OPEC made the right calls on Friday in Vienna even amidst their usual drama. The Wall Street Journal
and various sources are reporting a deal between the cartel and its “OPEC+” partners to cut down on
crude output by 1.2 million barrels per day. The details are still not clear at this time but some reports
have shown that OPEC will compensate for 0.8 mmbpd of the cuts with the + members most notable
This level of reduction according to some people will bring back balance to the world oil markets. Crude
oil traders also seem to be in agreement with this line of thinking with West Texas Intermediate crude
oil futures going up over $2/bbl in early trading and the more popular European crude oil benchmark,
Brent trading up about 5% today at $63/bbl.

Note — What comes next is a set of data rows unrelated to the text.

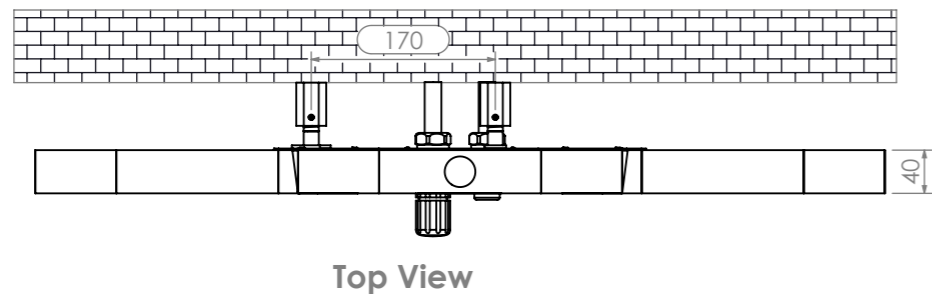

Honey Comb-5

Installation Accessories:

Plumbing Position:

Vertical mount
 All Dimensions are in mm
 Max. Working Pressure: 10 Bar
 Max. Working Temperature: 95° C
 Inlet / Outlet : 1/2" BSP
 Fuel : H

This turn out of events will be a huge relief for the management of US oil exploration and production
companies (E&Ps). It is great to see that the counterproductive decision of OPEC to increase production during the now infamous Thanksgiving of 2014 didn’t recur. This softer OPEC and the diplomatic spirit of Bush 41 is so obvious to see in OPEC’s wise decision to reduce production going forward.
The E&P managements are usually wrongly accused of being responsible for the seeming imbalance in the world oil markets but when you look closely at the Weekly Petroleum Status Report by the US
Energy Information Administration, you realize that this is totally wrong.
In the US, average crude oil production numbers were at 11.700 mmbpd recording an increase of 1.993
mmbpd from the previous year. However, we saw a decrease in US net crude import of about 1.828
mmbpd. Therefore, the delta in production was almost offset by the decrease in imports and the
remaining 165,000 barrels per day can be seen as a rounding error.